** Opening Data extracts block **

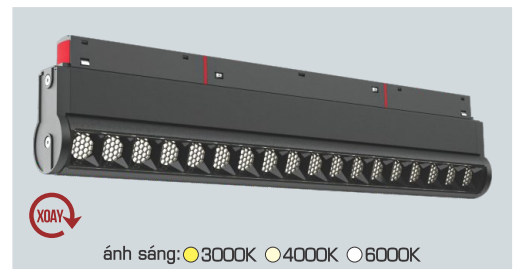

Điện áp: DC 48V
Bóng LED chất lượng cao 115Lm/W - CRI: ≥90
Thân đèn: Hợp kim nhôm
Góc chiếu: 24°

RNC 02 6W - DC 48V 291.000

L112 x W22 x H44

Điện áp: DC 48V
Bóng LED chất lượng cao 115Lm/W - CRI: ≥90
Thân đèn: Hợp kim nhôm
Góc chiếu: 24°

RNC 03 12W - DC 48V 398.000

L303 x W22 x H44

Điện áp: DC 48V
Bóng LED chất lượng cao 115Lm/W - CRI: ≥90
Thân đèn: Hợp kim nhôm
Góc chiếu: 120°

RNC 03 20W - DC 48V 613.000

L600 x W22 x H44

Điện áp: DC 48V
Bóng LED chất lượng cao 115Lm/W - CRI: ≥90
Thân đèn: Hợp kim nhôm
Góc chiếu: 120°

RNC GÓC 90° 20W - DC 48V 898.000

W22 x H44

Điện áp: DC 48V
Bóng LED chất lượng cao 115Lm/W - CRI: ≥90
Thân đèn: Hợp kim nhôm
Góc chiếu: 120°

RNC 06 6W - DC 48V 585.000

L115 x W22 x H58

Điện áp: DC 48V
Bóng LED chất lượng cao 115Lm/W - CRI: ≥90
Thân đèn: Hợp kim nhôm
Góc chiếu: 24°

RNC 06 12W - DC 48V 725.000

L215 x W22 x H58

Điện áp: DC 48V
Bóng LED chất lượng cao 115Lm/W - CRI: ≥90
Thân đèn: Hợp kim nhôm
Góc chiếu: 24°

RNC 06 18W - DC 48V 898.000

L312 x W22 x H58

Điện áp: DC 48V
Bóng LED chất lượng cao 115Lm/W - CRI: ≥90
Thân đèn: Hợp kim nhôm
Góc chiếu: 24°

** Closing Data extracts block **

Instructions for the task
Leave out the pictures; repeat the data exactly.

Result for this exercise
Điện áp: DC 48V
Bóng LED chất lượng cao 115Lm/W - CRI: ≥90
Thân đèn: Hợp kim nhôm
Góc chiếu: 24°

RNC 02 6W - DC 48V 291.000

L112 x W22 x H44

Điện áp: DC 48V
Bóng LED chất lượng cao 115Lm/W - CRI: ≥90
Thân đèn: Hợp kim nhôm
Góc chiếu: 24°

RNC 03 12W - DC 48V 398.000

L303 x W22 x H44

Điện áp: DC 48V
Bóng LED chất lượng cao 115Lm/W - CRI: ≥90
Thân đèn: Hợp kim nhôm
Góc chiếu: 120°

RNC 03 20W - DC 48V 613.000

L600 x W22 x H44

Điện áp: DC 48V
Bóng LED chất lượng cao 115Lm/W - CRI: ≥90
Thân đèn: Hợp kim nhôm
Góc chiếu: 120°

RNC GÓC 90° 20W - DC 48V 898.000

W22 x H44

Điện áp: DC 48V
Bóng LED chất lượng cao 115Lm/W - CRI: ≥90
Thân đèn: Hợp kim nhôm
Góc chiếu: 120°

RNC 06 6W - DC 48V 585.000

L115 x W22 x H58

Điện áp: DC 48V
Bóng LED chất lượng cao 115Lm/W - CRI: ≥90
Thân đèn: Hợp kim nhôm
Góc chiếu: 24°

RNC 06 12W - DC 48V 725.000

L215 x W22 x H58

Điện áp: DC 48V
Bóng LED chất lượng cao 115Lm/W - CRI: ≥90
Thân đèn: Hợp kim nhôm
Góc chiếu: 24°

RNC 06 18W - DC 48V 898.000

L312 x W22 x H58

Điện áp: DC 48V
Bóng LED chất lượng cao 115Lm/W - CRI: ≥90
Thân đèn: Hợp kim nhôm
Góc chiếu: 24°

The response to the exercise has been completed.